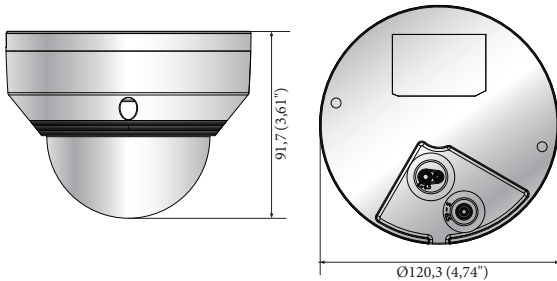

## Temel Özellikleri

- QHD (2560 x 1440, 30fps) çözünürlük
- 0,26 Lüks@F1.8 (Renkli) (HCV-7010R), 0,27 Lüks@F2.0 (Renkli) (HCV-7020R/7030R), 0 Lüks (S/B : IR LED açık)
- Entegre 2.8mm sabit lens (HCV-7010R) 4.0mm sabit lens (HCV-7020R) 6.0mm sabit lens (HCV-7030R)
- Gündüz ve Gece (ICR), DWDR, Hareket algılama
- IR Görüntülenebilir Uzunluk 20m (HCV-7010R), 25m (HCV-7020R), 30m (HCV-7030R)
- İletim mesafesi en fazla 500m
- Kolay kurulum (Tak ve çalıştır), IP66, IK10 desteği

## Boyutlar

Birim : mm (inç)
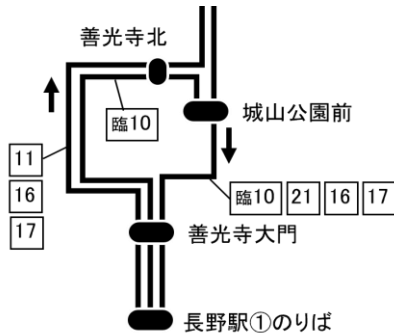

城山公園方面行きでは「城山公園前」で終着となりますので、運賃をご精算ください。
 イベント等の開催により中央通りが通行止めになった場合等には、迂回運転や運休をする場合がございます。運行情報やお知らせ等でご確認ください。
 長野駅～善光寺大門・城山公園前間は、この他に若槻団地線・西条線・日赤線の運行がございますので、そちらもあわせてご覧ください。

平日は別の時刻表をご覧ください。

【長野県立美術館へお越しのお客様へ】

○長野駅から長野県立美術館方面

長野駅善光寺口①のりばから次の路線をご利用ください。

路線名	最寄バス停	運賃
臨10 善光寺線(城山公園行)	城山公園前	250円
11 日赤線(宇木方面)	善光寺北	250円
16 若槻団地線(若槻東条方面)	善光寺北	250円
17 西条線(若槻東条方面)	善光寺北	250円

※あわせて約10～15分間隔で運行。
 ※「善光寺北」から長野県立美術館までは徒歩2～3分です。
 ※善光寺線以外の時刻表は別の時刻表をご覧ください。

○長野県立美術館から長野駅方面

「城山公園前」バス停から長野駅方面をご利用ください。

路線名	最寄バス停	運賃
各路線(長野駅方面)	城山公園	250円

※約10～15分間隔で運行

▲善光寺線
びんずる号

(長野駅
| 昭和通り
| 善光寺大門
| 城山公園前)

土休日

記載した時刻は通過予定時刻です。道路事情等により遅れる場合があります。
 この時刻表には、すべての停留所を記載しています。
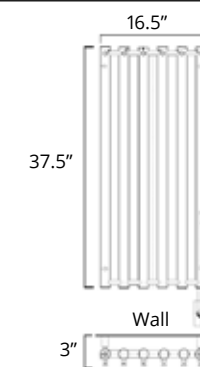

Hydronic
Hydronique

Chrome	Brushed Nickel
H8203 $1729	H8204 $2109
E8203 $1879	E8204 $2259
W8203 $1979	W8204 $2359

Plug In
Avec Prise de
courant

Hardwired
Filage encastré
mural

16.5" x 37.5"
150 Watts
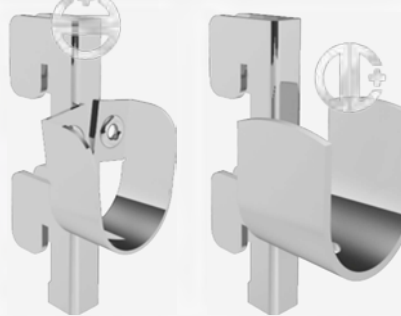

DB 1

Duvar Bağlantısı
Wall Distance Holder

Uzunluk / Length: 10-25 cm

Technical Drawing

DB 2

Duvar Bağlantısı
Wall Distance Holder

Uzunluk / Length: 28 cm

Technical Drawing

DB 5

Duvar Bağlantısı
Wall Distance Holder

Uzunluk / Length: 8 cm

Technical Drawing

RS 1, RS 2

Askı Soketi
Tile Support

Uzunluk / Length: 1,5 cm | 2,5 cm

Technical Drawing
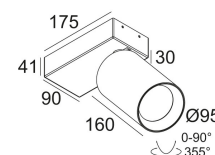

Date

Name

Client

Project Name

Quote#

Type/Quantity

MAXISPY ON 95 930 DIM5

414 562 21 93 ED5

[Ссылка на сайт](#)

Доступные цвета: ЧЕРНЫЙ (414 562 21 93 ED5 B)
БЕЛЫЙ (414 562 21 93 ED5 W)

ADJUSTABLE 0-90°/355°
INCL. 1 x LED WHITE 43,9W / CRI>90 / 3000K / 4486lm
EXCL. 1 x REFLECTOR FL-20° / FL-38° / WFL-50°
INCL. DIMMABLE LED POWER SUPPLY 1200mA-DC
DIMMING BY DALI
ON REQUEST : 4000K

Светодиодная Техника: Источник света: 4486 lm // 43 W // 105 lm/W
Светильник: 3499 lm // 51 W // 69 lm/W

220-240V / 50-60Hz

Класс: I

Вес: 1.8 КГ
Уровень защиты: IP20
Минимальное расстояние: нет данных

Аксессуары: HONEYCOMB 74
SOFTENING LENS 74

Требования: MAXI SPY 95 TUBE
REFLECTOR 73/H51

Для подробных инструкций по установке обратитесь, пожалуйста, к руководству [414_562_21_XX_ED5_HAND.pdf](#)
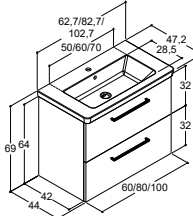

Väri
Mattavalkoinen
Luonnontammi
Musta tammi

	Tuoteno	Hinta €	Tuoteno	Hinta €	Tuoteno	Hinta €	Tuoteno	Hinta €	Tuoteno	Hinta €
	-	-	-	-	-	-	GB-9410	1.211,-	GB-9510	1.376,-
	-	-	-	-	-	-	GB-9449	1.211,-	GB-9549	1.376,-
	-	-	-	-	-	-	GB-9450	1.211,-	GB-9550	1.376,-
							<i>Mittatoleranssi -5/+6,3 mm</i>		<i>Mittatoleranssi -5/+8,3 mm</i>	<i>Mittatoleranssi -5/+10,3 mm</i>

AMBER JA ALLASKAAPPI
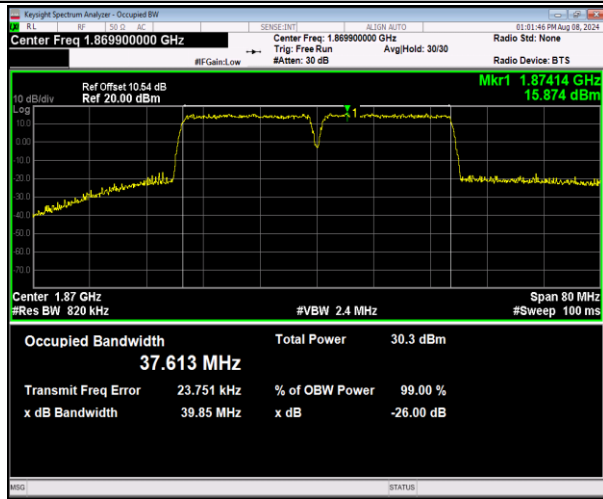

2-2-20MHz-15MHz-QPSK-QPSK-18951-19122-100RB#0-75RB#0-PASS

2-2-20MHz-15MHz-16QAM-16QAM-18951-19122-100RB#0-75RB#0-PASS

2-2-20MHz-15MHz-64QAM-64QAM-18951-19122-100RB#0-75RB#0-PASS

2-2-20MHz-20MHz-QPSK-QPSK-18700-18898-100RB#0-100RB#0-PASS

**Your task**
Each line of the data above containing the string "PASS" is to be copied.

**Answer box**
2-2-20MHz-15MHz-QPSK-QPSK-18951-19122-100RB#0-75RB#0-PASS
2-2-20MHz-15MHz-16QAM-16QAM-18951-19122-100RB#0-75RB#0-PASS
2-2-20MHz-15MHz-64QAM-64QAM-18951-19122-100RB#0-75RB#0-PASS
2-2-20MHz-20MHz-QPSK-QPSK-18700-18898-100RB#0-100RB#0-PASS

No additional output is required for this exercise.